S’il y a souhait global de « réduction », pourquoi continuer à mettre en place deux épreuves, un écrit et un oral, qui, sous des noms et des modalités différentes, aboutissent à des exercices équivalents ? On ne le sait que trop : le « commentaire » à l’écrit et la « lecture analytique » à l’oral ont les même finalités et évaluent globalement les mêmes compétences : la compréhension, l’analyse et l’interprétation d’un texte littéraire. Si ce n’est que l’oral, tel qu’il se déroule encore trop souvent, invite de surcroît au psittacisme.
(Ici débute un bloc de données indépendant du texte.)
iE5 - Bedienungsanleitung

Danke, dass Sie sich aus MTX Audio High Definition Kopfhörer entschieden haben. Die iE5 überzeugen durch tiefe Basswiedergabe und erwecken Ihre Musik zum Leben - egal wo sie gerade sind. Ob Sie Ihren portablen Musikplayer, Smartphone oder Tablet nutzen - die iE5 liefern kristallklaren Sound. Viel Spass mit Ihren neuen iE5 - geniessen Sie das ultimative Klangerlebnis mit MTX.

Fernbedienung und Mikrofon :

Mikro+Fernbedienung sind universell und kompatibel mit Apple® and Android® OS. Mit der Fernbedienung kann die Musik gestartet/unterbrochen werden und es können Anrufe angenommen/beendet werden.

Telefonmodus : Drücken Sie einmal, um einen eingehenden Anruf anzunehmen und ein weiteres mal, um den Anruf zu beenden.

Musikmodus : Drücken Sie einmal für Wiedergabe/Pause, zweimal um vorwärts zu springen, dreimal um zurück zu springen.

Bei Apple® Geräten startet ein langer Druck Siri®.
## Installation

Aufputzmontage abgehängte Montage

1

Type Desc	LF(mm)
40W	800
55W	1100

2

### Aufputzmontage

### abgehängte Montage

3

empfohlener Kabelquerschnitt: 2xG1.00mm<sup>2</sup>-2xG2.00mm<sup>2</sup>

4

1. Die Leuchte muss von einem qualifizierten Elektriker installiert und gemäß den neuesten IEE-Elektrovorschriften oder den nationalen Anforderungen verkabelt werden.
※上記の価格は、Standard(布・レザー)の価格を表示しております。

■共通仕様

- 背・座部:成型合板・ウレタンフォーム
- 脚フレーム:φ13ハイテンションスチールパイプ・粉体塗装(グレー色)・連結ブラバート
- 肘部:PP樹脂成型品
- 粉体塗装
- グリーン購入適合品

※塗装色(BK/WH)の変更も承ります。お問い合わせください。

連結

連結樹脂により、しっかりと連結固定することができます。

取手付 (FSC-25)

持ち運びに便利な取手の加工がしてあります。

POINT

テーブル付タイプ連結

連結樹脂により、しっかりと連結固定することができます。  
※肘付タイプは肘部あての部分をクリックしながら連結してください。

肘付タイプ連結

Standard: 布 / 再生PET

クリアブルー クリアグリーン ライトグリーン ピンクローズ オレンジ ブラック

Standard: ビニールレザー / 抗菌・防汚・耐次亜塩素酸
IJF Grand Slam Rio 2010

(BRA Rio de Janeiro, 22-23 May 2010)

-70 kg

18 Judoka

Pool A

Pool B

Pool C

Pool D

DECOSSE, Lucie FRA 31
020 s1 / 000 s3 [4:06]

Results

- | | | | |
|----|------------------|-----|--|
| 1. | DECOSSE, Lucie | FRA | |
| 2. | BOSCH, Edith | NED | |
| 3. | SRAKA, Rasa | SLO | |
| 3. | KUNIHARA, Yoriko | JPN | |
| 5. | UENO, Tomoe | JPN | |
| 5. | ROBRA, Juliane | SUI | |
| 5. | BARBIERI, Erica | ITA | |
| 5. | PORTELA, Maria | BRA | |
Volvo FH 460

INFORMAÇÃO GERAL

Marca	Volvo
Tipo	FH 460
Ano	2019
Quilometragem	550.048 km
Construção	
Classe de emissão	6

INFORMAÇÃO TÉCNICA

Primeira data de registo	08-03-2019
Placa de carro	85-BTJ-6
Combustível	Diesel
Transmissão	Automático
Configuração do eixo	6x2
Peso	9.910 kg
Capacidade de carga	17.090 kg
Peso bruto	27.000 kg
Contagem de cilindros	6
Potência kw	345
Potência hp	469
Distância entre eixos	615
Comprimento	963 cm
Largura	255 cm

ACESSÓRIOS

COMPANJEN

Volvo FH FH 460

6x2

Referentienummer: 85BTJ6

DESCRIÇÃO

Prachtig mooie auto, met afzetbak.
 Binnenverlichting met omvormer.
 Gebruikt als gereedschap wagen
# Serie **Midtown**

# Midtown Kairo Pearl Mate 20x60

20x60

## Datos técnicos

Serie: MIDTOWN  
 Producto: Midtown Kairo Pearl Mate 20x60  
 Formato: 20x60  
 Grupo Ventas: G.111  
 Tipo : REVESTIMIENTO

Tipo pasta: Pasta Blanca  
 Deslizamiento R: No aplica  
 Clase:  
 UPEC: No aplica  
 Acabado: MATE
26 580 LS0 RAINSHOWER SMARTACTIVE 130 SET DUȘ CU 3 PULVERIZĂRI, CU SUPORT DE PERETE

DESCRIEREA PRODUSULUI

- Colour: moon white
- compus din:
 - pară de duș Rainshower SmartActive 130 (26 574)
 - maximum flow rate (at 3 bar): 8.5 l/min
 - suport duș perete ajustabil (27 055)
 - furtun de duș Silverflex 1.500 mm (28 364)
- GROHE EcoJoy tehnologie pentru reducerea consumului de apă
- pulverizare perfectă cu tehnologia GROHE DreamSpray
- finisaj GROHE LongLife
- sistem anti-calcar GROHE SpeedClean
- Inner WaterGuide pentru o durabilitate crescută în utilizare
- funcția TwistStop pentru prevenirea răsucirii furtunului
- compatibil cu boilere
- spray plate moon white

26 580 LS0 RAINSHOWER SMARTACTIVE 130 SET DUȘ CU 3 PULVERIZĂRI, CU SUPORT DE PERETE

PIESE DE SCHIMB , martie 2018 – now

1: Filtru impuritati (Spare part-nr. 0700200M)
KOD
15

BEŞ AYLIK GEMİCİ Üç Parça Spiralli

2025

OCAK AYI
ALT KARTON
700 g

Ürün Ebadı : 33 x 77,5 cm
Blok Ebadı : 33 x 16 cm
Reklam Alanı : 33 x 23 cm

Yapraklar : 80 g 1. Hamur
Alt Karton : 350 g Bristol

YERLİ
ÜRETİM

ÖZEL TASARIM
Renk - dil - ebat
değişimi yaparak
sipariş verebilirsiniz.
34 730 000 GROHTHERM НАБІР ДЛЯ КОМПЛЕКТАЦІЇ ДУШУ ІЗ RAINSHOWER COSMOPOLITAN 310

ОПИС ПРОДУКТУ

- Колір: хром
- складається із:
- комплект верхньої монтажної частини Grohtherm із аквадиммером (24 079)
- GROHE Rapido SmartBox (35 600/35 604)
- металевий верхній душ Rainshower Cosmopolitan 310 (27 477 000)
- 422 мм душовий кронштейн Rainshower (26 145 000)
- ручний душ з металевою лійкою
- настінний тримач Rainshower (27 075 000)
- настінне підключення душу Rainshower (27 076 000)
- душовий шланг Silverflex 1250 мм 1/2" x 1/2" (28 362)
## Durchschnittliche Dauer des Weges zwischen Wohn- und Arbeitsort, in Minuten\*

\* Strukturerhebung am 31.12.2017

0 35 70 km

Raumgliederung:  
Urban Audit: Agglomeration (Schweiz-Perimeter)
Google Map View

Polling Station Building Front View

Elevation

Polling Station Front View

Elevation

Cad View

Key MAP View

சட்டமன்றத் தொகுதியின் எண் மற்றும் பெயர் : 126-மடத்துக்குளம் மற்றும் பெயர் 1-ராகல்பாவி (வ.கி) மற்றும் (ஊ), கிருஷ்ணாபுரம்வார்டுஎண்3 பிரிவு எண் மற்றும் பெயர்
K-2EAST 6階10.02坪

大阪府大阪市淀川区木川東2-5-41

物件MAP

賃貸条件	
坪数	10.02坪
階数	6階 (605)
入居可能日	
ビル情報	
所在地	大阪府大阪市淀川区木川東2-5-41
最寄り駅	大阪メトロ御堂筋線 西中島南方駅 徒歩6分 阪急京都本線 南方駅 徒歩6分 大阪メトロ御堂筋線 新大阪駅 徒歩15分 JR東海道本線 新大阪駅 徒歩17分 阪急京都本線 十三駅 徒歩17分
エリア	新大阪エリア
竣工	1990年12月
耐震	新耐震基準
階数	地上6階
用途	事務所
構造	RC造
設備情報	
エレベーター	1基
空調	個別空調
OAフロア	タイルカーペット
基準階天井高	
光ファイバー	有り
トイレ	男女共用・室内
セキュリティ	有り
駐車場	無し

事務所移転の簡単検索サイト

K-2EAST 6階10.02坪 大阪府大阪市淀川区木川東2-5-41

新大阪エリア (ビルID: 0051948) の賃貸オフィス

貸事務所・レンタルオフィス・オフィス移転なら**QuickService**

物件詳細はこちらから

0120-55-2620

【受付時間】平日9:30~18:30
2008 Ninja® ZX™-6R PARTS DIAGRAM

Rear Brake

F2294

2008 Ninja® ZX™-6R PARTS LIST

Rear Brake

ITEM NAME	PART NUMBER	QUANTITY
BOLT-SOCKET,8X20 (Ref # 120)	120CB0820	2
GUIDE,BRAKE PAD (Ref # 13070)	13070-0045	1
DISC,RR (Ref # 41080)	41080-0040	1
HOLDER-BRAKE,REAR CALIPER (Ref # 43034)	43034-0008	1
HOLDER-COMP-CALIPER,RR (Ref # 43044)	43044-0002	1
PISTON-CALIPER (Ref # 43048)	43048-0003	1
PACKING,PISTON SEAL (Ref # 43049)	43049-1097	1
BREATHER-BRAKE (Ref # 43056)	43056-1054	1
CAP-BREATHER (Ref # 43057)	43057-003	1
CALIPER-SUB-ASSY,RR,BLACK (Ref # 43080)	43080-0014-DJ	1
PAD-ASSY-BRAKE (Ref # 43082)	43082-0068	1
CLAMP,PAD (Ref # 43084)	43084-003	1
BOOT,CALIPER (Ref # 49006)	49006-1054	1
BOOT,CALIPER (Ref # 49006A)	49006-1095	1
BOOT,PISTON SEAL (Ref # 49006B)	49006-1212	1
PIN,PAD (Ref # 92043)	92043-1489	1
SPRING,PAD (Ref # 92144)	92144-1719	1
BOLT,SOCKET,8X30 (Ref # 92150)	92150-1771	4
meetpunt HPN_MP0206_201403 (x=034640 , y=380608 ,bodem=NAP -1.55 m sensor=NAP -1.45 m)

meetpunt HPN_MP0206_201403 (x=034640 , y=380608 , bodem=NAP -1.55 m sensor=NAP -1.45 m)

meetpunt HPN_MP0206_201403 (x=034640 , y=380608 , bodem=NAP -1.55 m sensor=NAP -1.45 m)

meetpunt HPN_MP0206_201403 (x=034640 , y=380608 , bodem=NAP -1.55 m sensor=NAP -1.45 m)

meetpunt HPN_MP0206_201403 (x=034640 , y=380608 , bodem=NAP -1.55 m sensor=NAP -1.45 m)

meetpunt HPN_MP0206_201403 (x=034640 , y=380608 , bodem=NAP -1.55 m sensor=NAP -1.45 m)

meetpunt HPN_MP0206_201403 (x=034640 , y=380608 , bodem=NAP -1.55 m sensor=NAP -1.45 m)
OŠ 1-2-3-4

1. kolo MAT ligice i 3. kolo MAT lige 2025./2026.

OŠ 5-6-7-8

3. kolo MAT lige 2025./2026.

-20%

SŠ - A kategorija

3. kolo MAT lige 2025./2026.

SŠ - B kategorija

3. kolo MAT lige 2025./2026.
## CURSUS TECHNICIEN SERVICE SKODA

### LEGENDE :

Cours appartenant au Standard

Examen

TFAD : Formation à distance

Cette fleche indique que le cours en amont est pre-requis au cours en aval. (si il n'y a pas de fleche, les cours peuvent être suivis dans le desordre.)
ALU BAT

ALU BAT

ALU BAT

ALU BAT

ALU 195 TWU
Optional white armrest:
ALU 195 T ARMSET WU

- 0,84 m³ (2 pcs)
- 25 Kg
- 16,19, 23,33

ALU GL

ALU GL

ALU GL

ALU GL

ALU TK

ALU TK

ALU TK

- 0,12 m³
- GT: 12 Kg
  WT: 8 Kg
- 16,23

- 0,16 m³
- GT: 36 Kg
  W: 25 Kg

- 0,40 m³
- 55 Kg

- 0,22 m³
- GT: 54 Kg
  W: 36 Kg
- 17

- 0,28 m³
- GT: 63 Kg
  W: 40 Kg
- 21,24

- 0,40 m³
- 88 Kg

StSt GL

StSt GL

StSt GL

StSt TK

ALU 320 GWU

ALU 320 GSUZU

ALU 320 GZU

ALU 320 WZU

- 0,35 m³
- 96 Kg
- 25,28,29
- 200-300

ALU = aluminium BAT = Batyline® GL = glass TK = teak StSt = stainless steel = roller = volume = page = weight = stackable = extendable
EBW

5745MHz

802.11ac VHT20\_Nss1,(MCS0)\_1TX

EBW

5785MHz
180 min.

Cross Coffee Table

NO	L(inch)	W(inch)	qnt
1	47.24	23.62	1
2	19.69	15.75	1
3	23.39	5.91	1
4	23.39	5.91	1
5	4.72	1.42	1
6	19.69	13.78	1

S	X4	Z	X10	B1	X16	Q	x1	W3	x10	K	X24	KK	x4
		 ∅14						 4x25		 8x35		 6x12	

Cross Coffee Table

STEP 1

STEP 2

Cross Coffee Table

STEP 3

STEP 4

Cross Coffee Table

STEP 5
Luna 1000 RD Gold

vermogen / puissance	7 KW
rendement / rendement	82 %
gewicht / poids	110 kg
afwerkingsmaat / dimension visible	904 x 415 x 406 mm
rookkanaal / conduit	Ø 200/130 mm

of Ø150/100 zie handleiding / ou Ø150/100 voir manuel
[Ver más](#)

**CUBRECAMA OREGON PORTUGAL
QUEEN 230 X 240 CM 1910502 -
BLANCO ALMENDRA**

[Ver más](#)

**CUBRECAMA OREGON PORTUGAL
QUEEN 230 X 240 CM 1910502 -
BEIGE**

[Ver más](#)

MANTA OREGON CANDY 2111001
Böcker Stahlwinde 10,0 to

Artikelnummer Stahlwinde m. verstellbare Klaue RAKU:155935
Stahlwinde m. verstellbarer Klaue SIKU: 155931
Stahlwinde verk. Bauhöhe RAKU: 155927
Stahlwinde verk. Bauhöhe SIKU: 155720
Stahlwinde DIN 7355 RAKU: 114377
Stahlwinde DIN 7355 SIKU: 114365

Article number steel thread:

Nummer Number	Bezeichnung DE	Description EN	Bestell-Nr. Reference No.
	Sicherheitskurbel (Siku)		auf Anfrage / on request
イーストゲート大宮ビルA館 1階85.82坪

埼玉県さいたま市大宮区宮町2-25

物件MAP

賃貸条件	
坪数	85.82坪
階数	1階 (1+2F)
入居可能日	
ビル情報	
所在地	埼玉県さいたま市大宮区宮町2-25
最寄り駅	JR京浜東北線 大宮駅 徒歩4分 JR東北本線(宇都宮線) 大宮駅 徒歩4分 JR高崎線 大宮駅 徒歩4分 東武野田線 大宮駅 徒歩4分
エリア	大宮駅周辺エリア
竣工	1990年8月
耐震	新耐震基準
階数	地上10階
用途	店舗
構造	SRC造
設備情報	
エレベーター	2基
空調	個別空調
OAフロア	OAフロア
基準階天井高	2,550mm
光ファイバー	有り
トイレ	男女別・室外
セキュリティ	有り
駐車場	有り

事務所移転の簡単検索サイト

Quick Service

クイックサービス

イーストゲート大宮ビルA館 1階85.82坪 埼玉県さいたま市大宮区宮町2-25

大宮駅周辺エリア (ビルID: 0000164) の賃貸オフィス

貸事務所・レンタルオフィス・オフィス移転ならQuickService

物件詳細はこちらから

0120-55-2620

D’autres modalités restent ici aussi à inventer. Pour s’ajuster notamment à l’évolution d’une discipline qui depuis des décennies tente, bon gré mal gré, de considérer enfin l’élève comme un « sujet lecteur », d’accorder plus d’importance au travail des compétences orales, de favoriser des apprentissages plus actifs et plus collaboratifs, d’accueillir par exemple les nouvelles façons de lire et d’écrire que libère le numérique. Fera-t-on comme s’il ne s’était rien passé ? Fera-t-on table rase de 7 Rendez-vous des lettres qui, sous l’égide de l’Inspection générale, ont mis en mouvement l’enseignement du français ? Ne pourrait-on imaginer à l’oral de l’EAF une présentation plus ouverte qu’elle ne l’est aujourd’hui ? Plus ouverte dans ses contenus : présentation d’extraits étudiés et/ou d’œuvres étudiées et/ou / de lectures cursives et/ou d’activités créatives et/ou de projets collaboratifs …
Plus ouvertes aussi dans ses modalités : le numérique doit assurément y trouver sa place tant il met en œuvre de nouvelles façons d’apprendre et de partager, tant il nécessite lui-même des apprentissages. « Pourquoi pas, imaginait par exemple François Bon dès 2012, un contrat de l’enseignant avec sa classe permettant à ceux qui choisiraient en début de première l’option écriture d’invention de se présenter à l’EAF avec un dossier incluant leurs productions tout au long de l’année, pour un entretien raisonné sur leurs lectures, l’évolution de leur écriture, et ce qui s’en est induit pour la langue ? »
On sait combien les modalités d’évaluation finale influent sur la pédagogie mise en œuvre dans les classes. Ce qui se joue à travers les choix à venir, c’est le quotidien des lycéen.nes français.es dans les prochaines années, c’est aussi le sens que nous voulons donner au travail en classe de la langue et de la littérature.